> Required work: Look through the material below and give the number of lines holding "標準小売価格", with no other words.

> Records shown:
*** Begin section ***

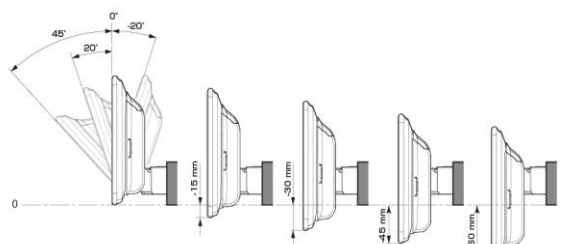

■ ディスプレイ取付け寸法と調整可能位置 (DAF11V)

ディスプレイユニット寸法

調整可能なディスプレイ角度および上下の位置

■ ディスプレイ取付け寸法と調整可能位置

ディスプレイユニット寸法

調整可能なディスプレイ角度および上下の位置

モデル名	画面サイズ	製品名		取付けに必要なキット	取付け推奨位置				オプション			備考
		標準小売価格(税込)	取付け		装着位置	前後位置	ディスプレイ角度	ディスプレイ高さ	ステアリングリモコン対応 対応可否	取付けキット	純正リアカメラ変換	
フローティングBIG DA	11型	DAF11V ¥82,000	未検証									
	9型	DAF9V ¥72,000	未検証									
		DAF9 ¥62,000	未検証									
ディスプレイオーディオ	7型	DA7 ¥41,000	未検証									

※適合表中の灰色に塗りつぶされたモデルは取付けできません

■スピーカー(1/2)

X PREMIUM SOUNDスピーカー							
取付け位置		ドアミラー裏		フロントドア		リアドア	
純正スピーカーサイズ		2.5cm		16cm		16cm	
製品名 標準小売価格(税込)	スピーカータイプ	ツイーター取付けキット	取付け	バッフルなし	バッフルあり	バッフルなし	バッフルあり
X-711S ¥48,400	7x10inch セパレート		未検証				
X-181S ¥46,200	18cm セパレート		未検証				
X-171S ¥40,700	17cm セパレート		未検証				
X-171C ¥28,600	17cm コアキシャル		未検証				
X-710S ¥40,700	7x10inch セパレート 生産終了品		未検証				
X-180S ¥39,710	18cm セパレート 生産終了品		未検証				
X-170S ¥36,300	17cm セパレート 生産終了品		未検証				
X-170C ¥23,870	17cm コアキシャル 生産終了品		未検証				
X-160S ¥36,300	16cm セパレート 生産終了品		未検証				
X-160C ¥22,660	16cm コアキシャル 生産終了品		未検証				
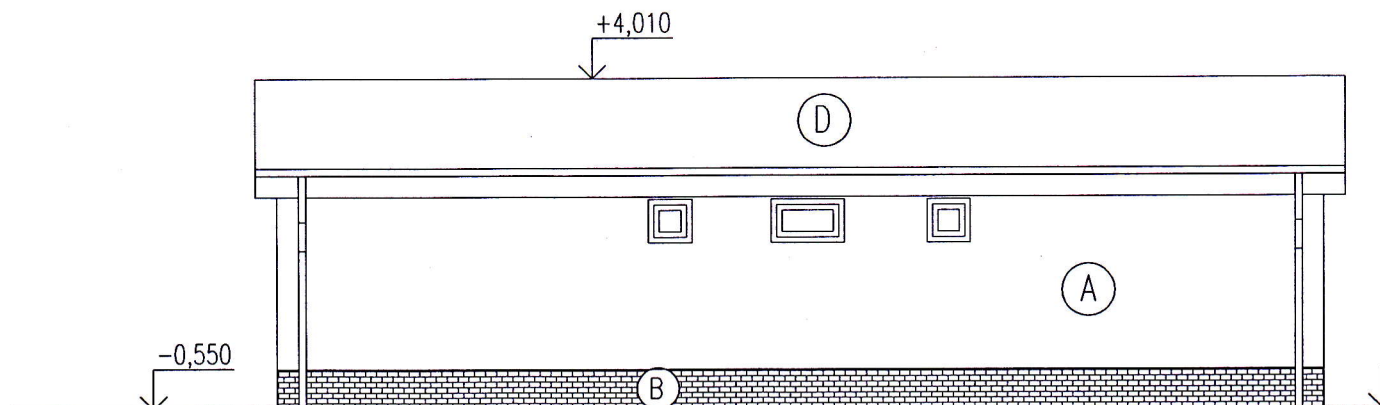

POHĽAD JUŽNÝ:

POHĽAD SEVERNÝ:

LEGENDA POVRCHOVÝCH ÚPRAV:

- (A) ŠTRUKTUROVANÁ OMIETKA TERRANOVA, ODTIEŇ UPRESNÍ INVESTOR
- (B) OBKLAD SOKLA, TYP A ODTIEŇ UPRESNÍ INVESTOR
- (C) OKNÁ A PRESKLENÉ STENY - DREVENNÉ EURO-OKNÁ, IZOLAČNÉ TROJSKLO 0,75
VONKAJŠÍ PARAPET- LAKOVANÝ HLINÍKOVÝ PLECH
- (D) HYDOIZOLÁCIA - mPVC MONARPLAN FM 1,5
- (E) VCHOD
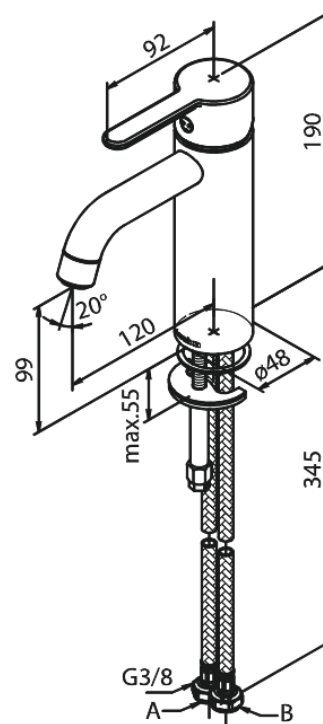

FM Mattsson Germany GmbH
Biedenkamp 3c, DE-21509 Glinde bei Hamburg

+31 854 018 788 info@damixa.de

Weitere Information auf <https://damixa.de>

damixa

*** End section ***

> Solution below: 2